Disclosure: My work includes AI evaluation and verification. That gives me both a perspective and a stake in this argument; readers should know both.
Hassabis’s proposal deserves serious attention. He is not asking for another principles document. He wants an institution with money, technical talent, access to unreleased models, the authority to set capability benchmarks, and eventually the power to decide whether a frontier model can enter the U.S. market. His core instinct is right: frontier AI cannot be governed by model cards and voluntary promises alone.
But the most consequential word in the proposal is not “frontier,” “AGI,” or “slowdown.”
Eventually.
Hassabis’s word for when the Standards Body would develop held-out tests independent of the labs it regulates.
The core issue: The proposal can give a new body real power over model releases before that body has its own independent test-making capacity. In governance, sequence is not an implementation detail. Sequence is substance.
The prophecy is not the policy
Hassabis opens in the register of a civilizational manifesto. AGI may be only a few years away. The technology may resemble fire or electricity. Humanity may be standing at the edge of abundance. That language is designed to make the reader feel the scale of the moment, and perhaps he is right about the scale.
The actual proposal is far more prosaic, which is where it becomes consequential. He suggests a federally overseen public-private or self-regulatory body modeled on FINRA. Industry would provide much of the funding. A board would include independent technical experts and open-source representatives. Benchmarks would determine which systems count as “Frontier-class.” Labs would initially submit models for review as much as 30 days before release. After the process proved itself, passing could become a condition for deployment in the United States.
The poetry is about civilization. The machinery is about market access.
That is not an argument against the proposal. Serious institutions are supposed to be made of procedures, budgets, evidence standards, and appeal rights. The problem is that those boring choices decide who gets power long after the grand language has disappeared from view.

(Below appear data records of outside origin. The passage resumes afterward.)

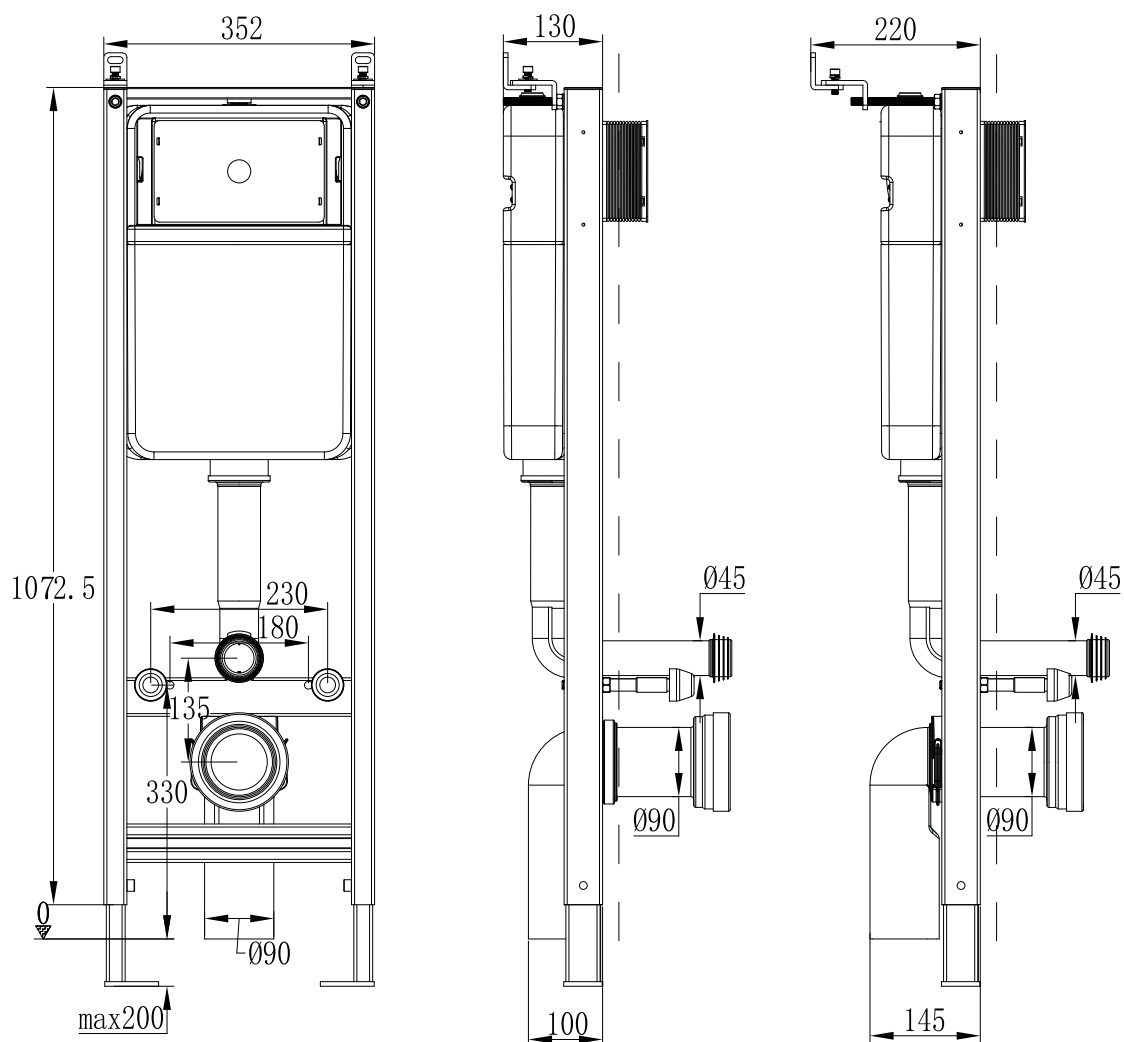

Rea

ŁAZIENKA Z WYOBRAŹNIĄ

Instrukcja montażu i obsługi Stelaża podtynkowego WC SLIM 024N

6.

7.

8.

Życzymy miłego użytkowania!
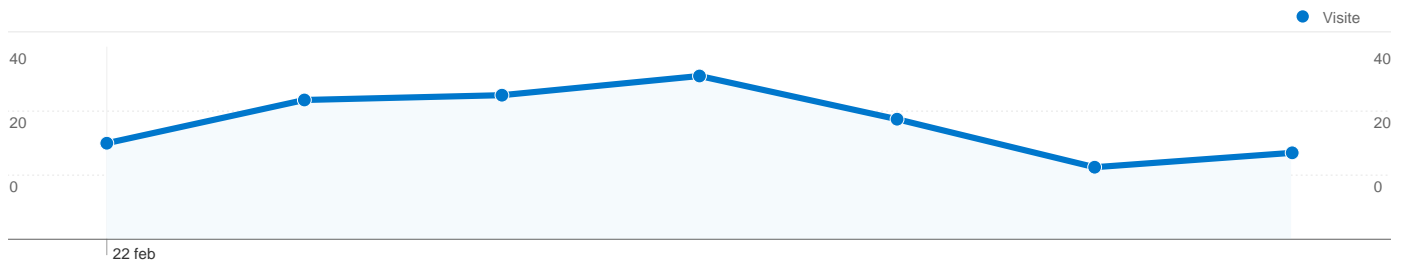

Uso del sito

171 Visite

44,44% Frequenza di rimbalzo

447 Visualizzazioni di pagina

00:02:25 Tempo medio sul sito

2,61 Pagine/Visita

67,84% % visite nuove

Panoramica visitatori

148 persone hanno visitato questo sito

171 Visite

148 Visitatori unici assoluti

447 Visualizzazioni di pagina

2,61 Media visualizzazioni di pagina

00:02:25 Tempo sul sito

44,44% Frequenza di rimbalzo

67,84% Visite nuove

Tutte le sorgenti di traffico hanno generato complessivamente 171 visite

21,05% Traffico diretto

40,35% Siti di riferimento

38,60% Motori di ricerca

■ Siti di riferimento
69,00 (40,35%)

■ Motori di ricerca
66,00 (38,60%)
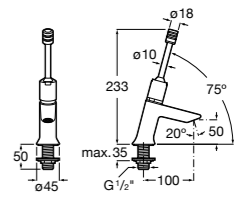

Instant Care

1. **5A4377C00** Кран для раковины с аэратором. Подвод одной воды.

The referee learns the first rules from the teams
Hassabis recognizes the central technical danger. Public benchmarks saturate. Models can be trained on related tasks. Test leakage and overfitting can turn a safety score into a performance. His answer is to update evaluations frequently and build independent held-out tests.
Then comes the sequence: the early evaluations would be developed in consultation with Frontier Labs. The Standards Body would build its own tests “eventually,” so they are “independent of the Labs to prevent overfitting.”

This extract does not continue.